Customer data is accessible by the operations team and all members of the team are required to comply with the GroupCamp Privacy Policy and are legally required to fully comply with all terms of the policy.

Protecting customer data

Data which is stored on all third-party platforms which are not operated by GroupCamp (for instance back-p dtorage services) are systematically encrypted (see above).

On GroupCamp systems, customer data stored is not encypted since GroupCamp would own the means of decoding the encrypted data. The only way for GroupCamp customers to encure full confidentiality of their data would be by pre-encrypting all customer content by using a password encryption or using an AES (equivalent to RSA/DSA) encryption system.

Physical and Logical failure prevention

24h/7d supervision

GroupCamp supports a double level of spervision based on two separate supervision sites for all physical equipment and logical servces.
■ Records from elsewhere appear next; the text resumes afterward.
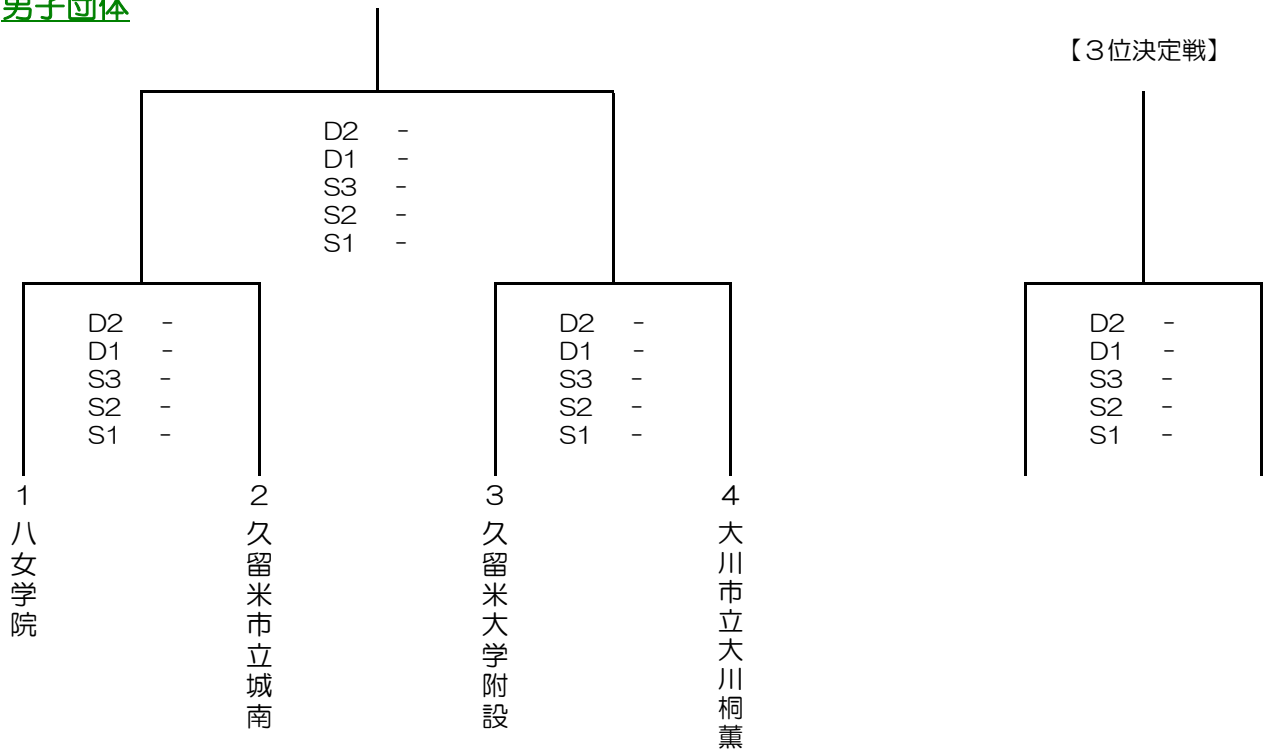

県大会出場枠に満たない地区の補充割り当て

【団体戦】

	福岡	北九州	筑前	筑後	京築	筑豊
男子	2→5	2	2→1	2→4	1→0	1→0
女子	2→4	2→1	2→1	2→3	1→0	1→0

＜男子＞

＜女子＞

【個人戦】

	福岡	北九州	筑前	筑後	京築	筑豊
男子S	7	6	10	7	1	1
女子S	6→7	5	5→6	5	2→0	1
男子D	4→5	3	4	3→4	1→0	1→0
女子D	3→4	3	5	3	1→0	1

令和4年度 筑後地区中学校テニス大会

2022年7月16日(土),17日(日),18日(月) 新宝満川テニスコート

男子団体

女子団体

		大川市立大川桐英	明光学園	八女学院	勝 数	順 位
1	大川市立大川桐英	—	—	—	勝 敗	
		D2 - D1 - S3 - S2 - S1 -	D2 - D1 - S3 - S2 - S1 -	D2 - D1 - S3 - S2 - S1 -		
2	明光学園	—	—	—	勝 敗	
		D2 - D1 - S3 - S2 - S1 -	D2 - D1 - S3 - S2 - S1 -	D2 - D1 - S3 - S2 - S1 -		
3	八女学院	—	—	—	勝 敗	
		D2 - D1 - S3 - S2 - S1 -	D2 - D1 - S3 - S2 - S1 -	D2 - D1 - S3 - S2 - S1 -		

令和4年度 筑後地区中学校テニス大会

2022年7月16日(土),17日(日),18日(月) 新宝満川テニスコート

男子シングルス

【3位決定戦】

【5～8位決定戦】

【7位決定戦】

令和4年度 筑後地区中学校テニス大会

2022年7月16日(土),17日(日),18日(月) 新宝満川テニスコート

2022年7月16日(土),17日(日),18日(月) 新宝満川テニスコート

女子ダブルス

【3位決定戦】
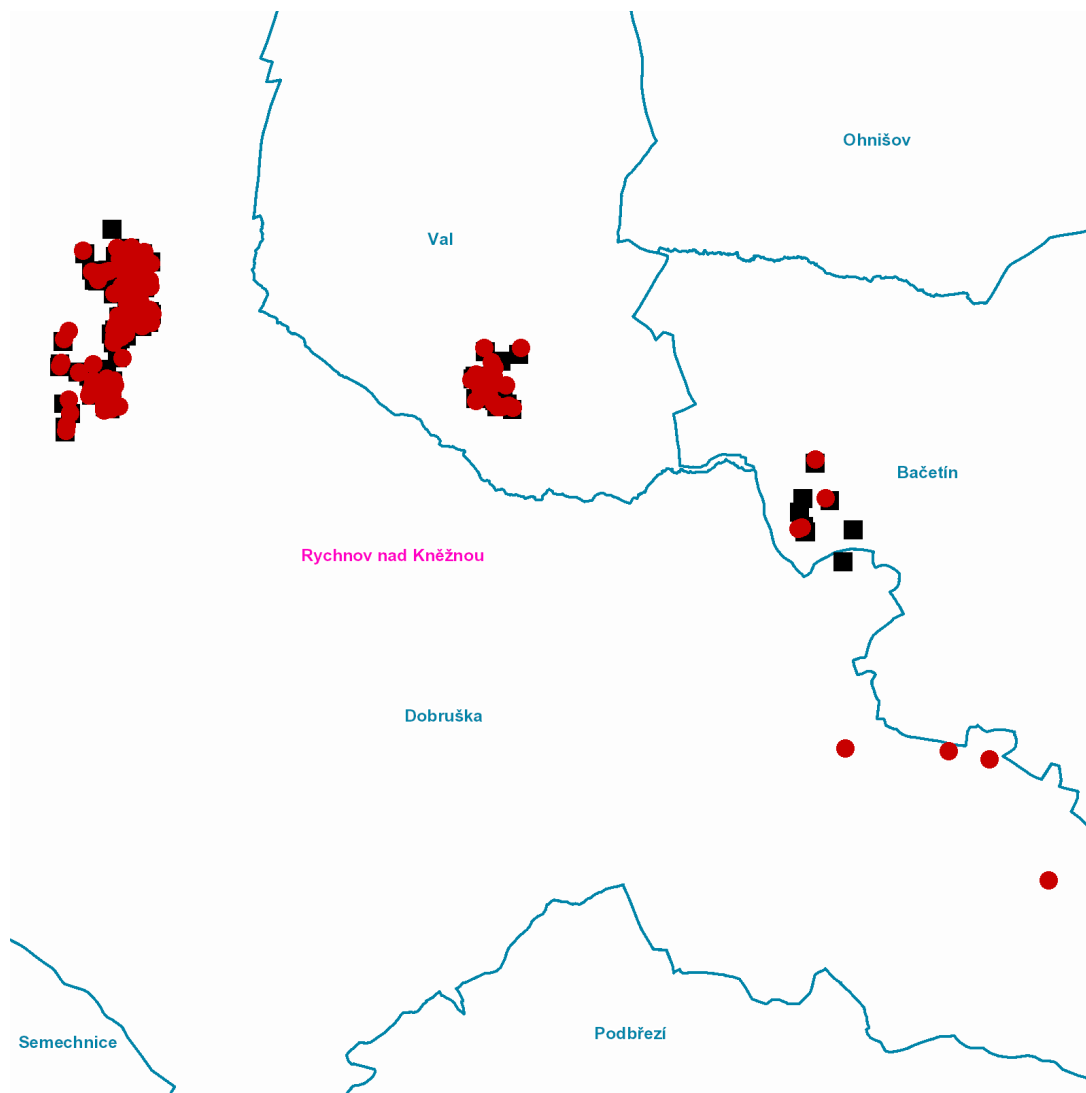

dne **12. 5. 2022** od **7:30** do **17:30** hodin

Plánovaná odstávka zahrnuje tyto lokality:**Bačetín** (okres Rychnov nad Kněžnou)

č. p. 37, 66, 69, 122

Dobruška (okres Rychnov nad Kněžnou)

část obce **Dobruška**

část obce **Spáleníště**

č. p. 1, 2, 15, 70

kat. území **Dobruška** (kód **627496**): **parcelní č.** 1608/14, 1614/2, 1694/2

Val (okres Rychnov nad Kněžnou)

část obce **Provoz**

č. p. 1, 2, 4, 5, 7-12, 14-22, 31, 36

dne 12. 5. 2022 od 7:30 do 17:30 hodin**Orientační mapový podklad odstávkou dotčených lokalit****VYSVĚTLIVKY**

- – adresy dotčené odstávkou elektřiny
- – místa připojení k elektrické síti dotčená odstávkou

INFORMACE ZASLÁNA

IDDS: 4k6apeb (OBEC BAČETÍN)

IDDS: mgjbetz (Město Dobruška)

IDDS: y3aapqq (OBEC VAL)
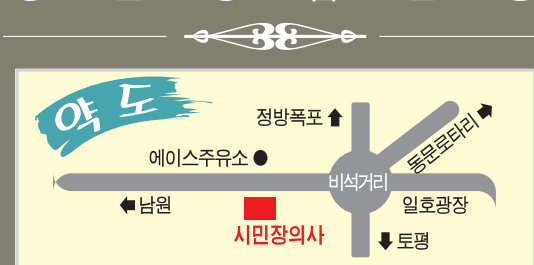

시민장의사

<서귀포 천주교묘지 책임 총관리>

사무실 : ☎ (064) 732-5200, 762-5316 H-P 010-3696-3172, 010-8661-6560

택일, 토신제 / 축문, 제관, 제물
장례 일체 (매장·화장·이묘)
중형, 소형, 차량완비 / 향상주, 야 대기
방문 상담 환영
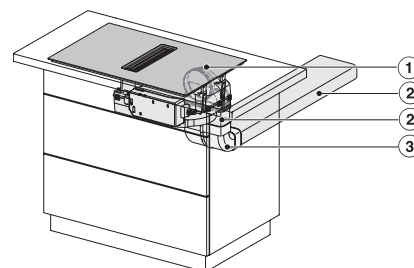

KMDA 7876 FL-A 125 Gala Ed

Indukční varná deska s integrovaným odsavačem par a MattFinish s 2 extra velkými varnými oblastmi PowerFlex XL pro odtahový provoz

KMDA7676FL, KMDA7876FL – Installation variant 11 Exhaust air – drawing

KMDA7676FL, KMDA7876FL – Installation variant 12 Exhaust air – drawing

KMDA7676FL/FR, KMDA7876FL/FR, Exhaust air (Installation drawing)
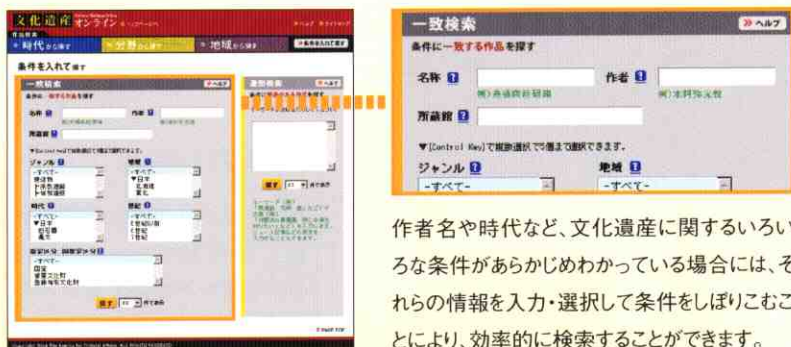

では、実際のご利用方法を簡単にご紹介しましょう。

1 時代・地域・分野などがわかっている場合

探している文化遺産について「時代」、「分野」、「地域」のうちどこから検索するかを決め、該当する項目をチェックして探することができます。

検索した結果が一覧で表示されます。ここで、興味のあるものにチェックを入れたり、画面下の空欄に気になるキーワードなどを書き入れることで、連想検索機能により、さらに関連のあるものを探せます。

2 作者名、時代などの条件を組み合わせて探す場合

作者名や時代など、文化遺産に関するいろいろな条件があらかじめわかっている場合には、それらの情報を入力・選択して条件をしばりこむことにより、効率的に検索することができます。

前の画面（検索結果一覧）で文化遺産の名称をクリックすると、その文化遺産の詳細情報を見ることができます。また、画面の下部には関連性のある文化遺産も表示されています。

3 連想検索機能を利用する場合
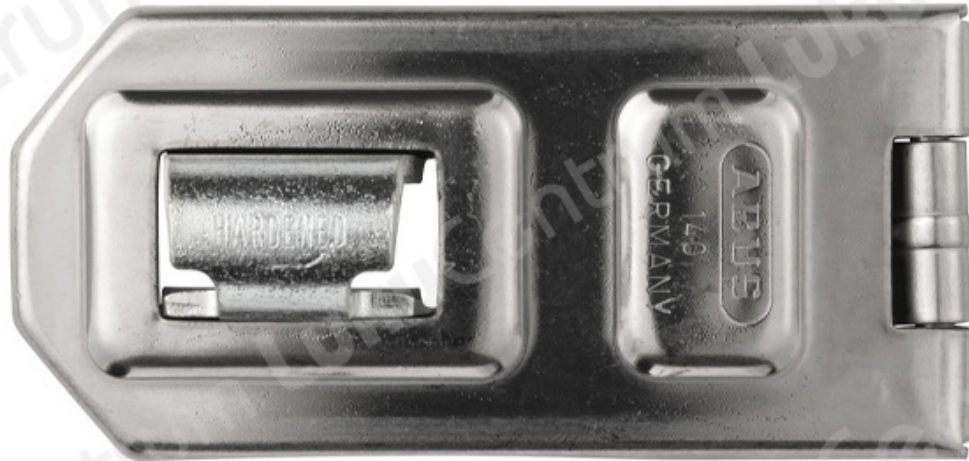

ABUS 140/120

Tootekirjeldus

ABUS pakub laias valikus erinevatel turvasemetel kinnitusraudu. Neid kinnitusraudu tunnete ära näiteks peidetud kruvide järgi. Lisaks on tabaluku karastatud terasest aasad kapseldatud riivi sisse ja pakuvad seega paremat kaitset sissemurdumiste eest. Koos vastava tabalukuga tagab kinnitusraud kõrgeima turvalisuse taseme ukse ja värava kinnitamisel. Tugev ABUS 140/120 Diskus® kinnitusraud sobib tasapinnaliste uste jaoks, st uksepaneel ja ukseraam on ühel tasapinnal. Disain on sobitatud originaalsete ABUS Diskus® tabalukkudega, nii et aas on varjestatud sissemurdumise tööriistade eest.

Tehnoloogiad:

- Roostevabast terasest kangi- ja hingetihvtid
- Karm konstruktsioon
- Rännaku eest kaitstud hinged
- Karastatud klamber
- Ideaalne koos Diskus® tabalukkudega
- Peidetud kruvid

TOOTENIMETUS	SOODUS	HIND
Kinnitusraud ABUS 140/120		23.49 €

Alarm systems are provided to GroupCamp teams on a 24h/ 7 day a week basis.

Capacity planning

GroupCamp has developed its own clustering technology allowing us to support rapidly evolving customer needs. Our logical Customer Account service which handles all customer plans and offerings can run on distributed clusters located in geographically distinct regions.

A cluster is attributed to a customer during the account setup process. Capacity planning is based on additional cluster roll out. A customer account can be easily migrated from one cluster to another

Fault analysis and account logs

GroupCamp invest heavily in fault analysis and detection systems for its applications. In case of an application malfunction, the GroupCamp operations team can activate application logging system for a given customer account in order to thoroughly analyse all events on a given account. This procedure is described in our Privacy Policy.

Our operations logging information do not provide any information on the customer data but provide a logical and detailed description on the events logged in an account.

See an example of application logs in the screenshot below. GroupCamp may activate more advanced applications logs which may reveal the content of customer data. This activation requires approval by the customer as described in our Privacy Policy.

System restoration after failure

Repairing the temporary loss of a hosting facility

This fault is highly unlikely but may occur in the case of a major electric feed failure or IP data access failure. In this case the GroupCamp service would be fully restored on secondary services located on a different hosting facility.

Loss of data or corrupt database information

In the case of a data corruption by the database service, GroupCamp may be required to use a recent archive to restore the service. This operation may cause the loss of recent updates in a customer account.

Full and complete loss of a hosting facility or cluster.

This scenario has a very low probability and concerns events such as war or natural catastrophes. In that particular case, GroupCamp will rely on its back-up storage service to transfer customer accounts on another cluster located in a different geographical region (if of course the GroupCamp team survives such an event).